В последний день перед отъездом Уотертона они поехали на трамвае в маленькое приморское местечко близ Карфагена и расположились на обнесенной цветочным бордюром террасе отеля за стаканом вина. Уотертон скоро углубился в одну из каких-то старинных книг, которыми увлекался, а Тони ходил взад и вперед по террасе, любуясь яркими цветами и еще более ярким морем и небом. Они были удивительно глубокого, густого ультрамаринового цвета. С северных берегов Средиземного моря мы всегда смотрим навстречу солнцу, так что в его блеске синева пропадает; но здесь солнце светило со стороны суши, и свет усиливал, а не поглощал сочную синеву. Что-то в этой синеве напомнило Тони весеннее небо над римской Кампаньей, и едва возник перед ним этот образ, как он вдруг ясно понял, куда должен ехать.

Восемь лет прошло с тех пор, как он был в Италии.

Тони избегал этой страны так же, как избегал Австрии, потому что и та и другая были связаны для него с щемящими воспоминаниями счастья и страданий. Но с тех пор прошло немало времени, и он чувствовал, что теперь уже может снова увидеть Рим. Приятно будет снова побывать в тех местах, где он когда-то бывал с Робином в давно минувшие дни их дружбы, только неизвестно, уцелело ли хоть что-нибудь после реконструкции города. Саркастически настроенные почитатели старого Рима говорили Тони, что двадцатое столетие застало город мраморным и, по-видимому, намерено оставить его оштукатуренным. Хорошо бы посмотреть на то, что осталось, пока еще не все сметено. Во всяком случае, его душа идолопоклонника, уставшая от ислама и Уайтхолла, могла бы преклониться перед изваяниями Бернини [152] и Борромини [153]. Да, Рим! Пароходом до Палермо, пароходом до Неаполя и дальше. С необыкновенной отчетливостью Тони представил себе коричнево-красный живой узор праздничной итальянской толпы, поднимающейся и спускающейся по грандиозной мраморной лестнице к Ага coeli в рождественские дни, когда продавцы пестрых детских игрушек сидят на ступенях с корзинами, так же как примерно три тысячи лет назад сидели на ступенях средиземноморских храмов продавцы амулетов.
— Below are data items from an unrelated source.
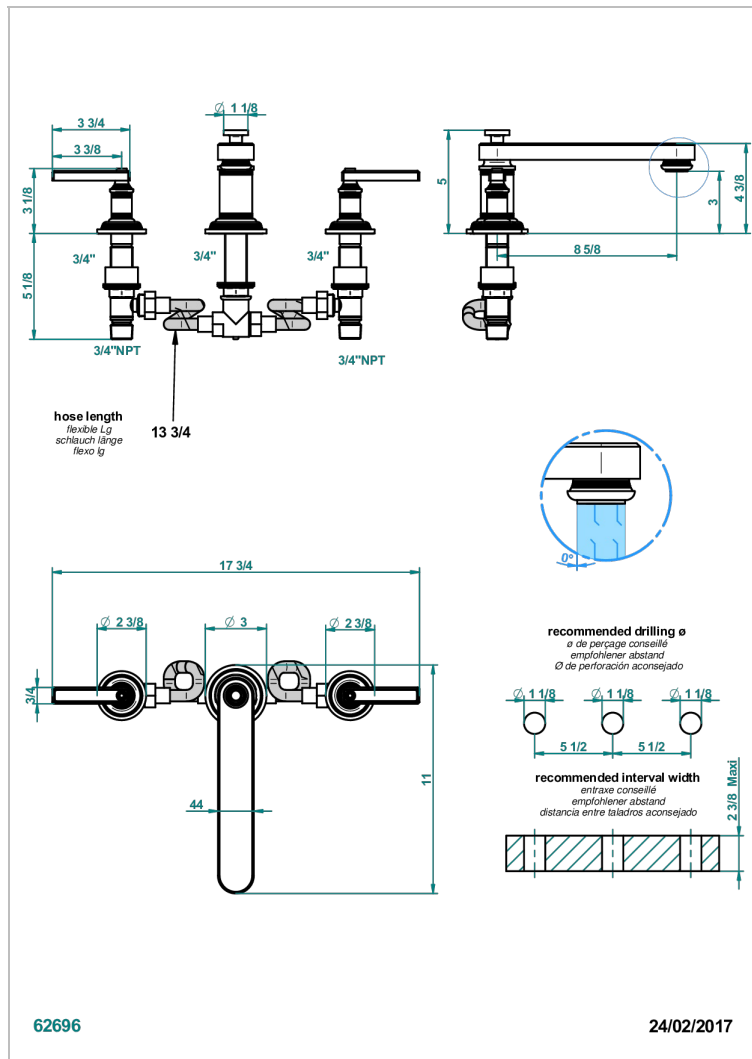

WEST COAST METAL WITH LEVER

U9B-25SGB

超大喷嘴台式浴缸龙头，矮款

THG
PARIS

特色

- West Coast Metal with lever
- 超大喷嘴台式浴缸龙头，矮款

可选饰面

Black ceram - D30
Blush PVD - H62
Graphite PVD - H64
Matt Umber PVD - H67
Matt blush PVD - H60
Matt graphite PVD - H65
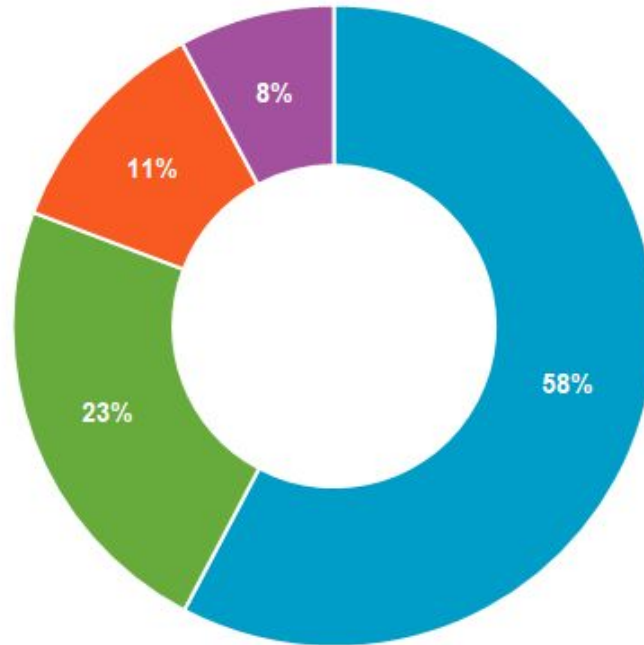

Question 1: After watching the video, how do you feel about the building design?

■ Like ■ Neutral ■ Don't Like

Question 2: How well do you think the new Minnie Howard building complements a desire for a balance between traditional and contemporary design aesthetics?

■ Very Well ■ Well ■ Netural ■ Not Well

Question 3: How well do you think the new Minnie Howard building complements the King Street Campus?

■ Very Well ■ Well ■ Netural ■ Not Well
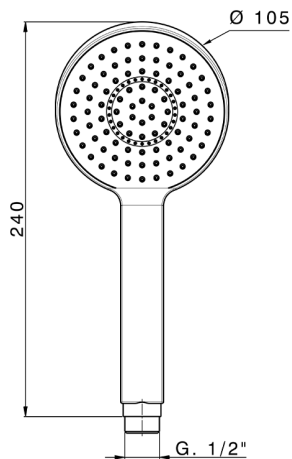

Round handshower SHOWER_SS014240

MODEL **SS014240**

Round handshower, D.105 mm ABS one spray

AVAILABLE FINISHINGS

CHARACTERISTICS

2026-04-28
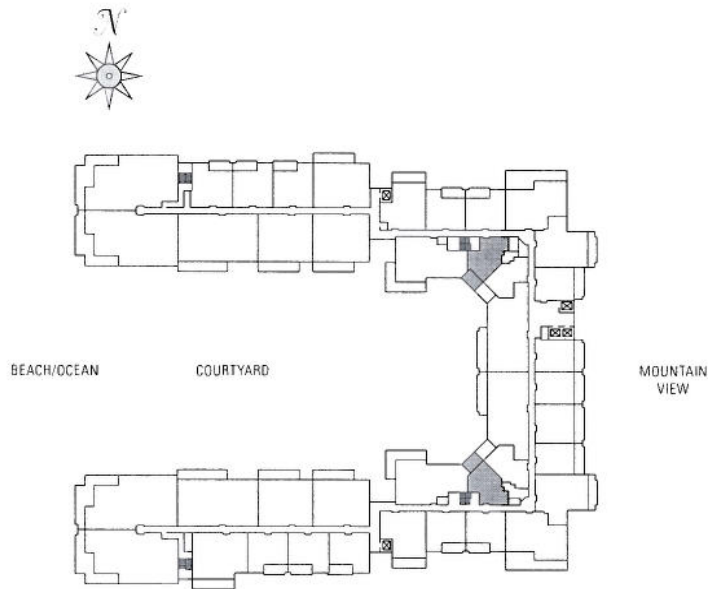

Konea

STUDIO

Plan A1a

595 sq. ft. Interior

100 sq. ft. Lanai

(1 of 14)

Suites: 215, 237, 315, 337, 415,
437, 515, 537, 615, 637,
715, 737, 815, 837

Subject to change. Developer reserves the right to make changes and modifications at any time without notice

STUDIO

Plan A1-ADA

615 sq. ft. Interior

100 sq. ft. Lanai

(1 of 4)

Suites: 32I, 42I, 52I, 62I

Subject to change. Developer reserves the right to make changes and modifications at any time without notice.

STUDIO

Plan A1b

580 sq. ft. Interior

100 sq. ft. Lanai

(1 of 12)

Suites: 22I, 23I, 33I, 43I, 53I,
63I, 72I, 73I, 82I, 83I,
92I, 93I

Subject to change. Developer reserves the right to make changes and modifications at any time without notice.

Когда Тони подошел к своему стулу, Уотертон поднял голову и сказал:

— Я прочел сейчас отрывок, который, наверное, покажется вам интересным, вот здесь я отметил карандашом. По-моему, это очень близко вашему образу мыслей. Вы не находите?

— А кто автор? — спросил Тони, взяв книгу и увидев незнакомое имя и незнакомое заглавие.

— Личность малоизвестная. Философ времени Флавия.

Тони с недоумением подумал, почему это Уотертон так восхищается никому не известными писателями, — вряд ли он успел прочесть всех известных, — но он ничего не сказал и прочел отмеченное в книге место:

«Ибо, если добродетель и порок существуют только в людях и если люди в большинстве своем дурны, — ведь даже в баснях редко когда изображают доброго человека, как некое невиданное противоестественное животное, более редкостное, нежели легендарная эфиопская птица Феникс, — то как может человек не быть самым несчастным изо всех животных, поскольку зло и безумие заложены в самой его природе и даны ему в удел судьбой?»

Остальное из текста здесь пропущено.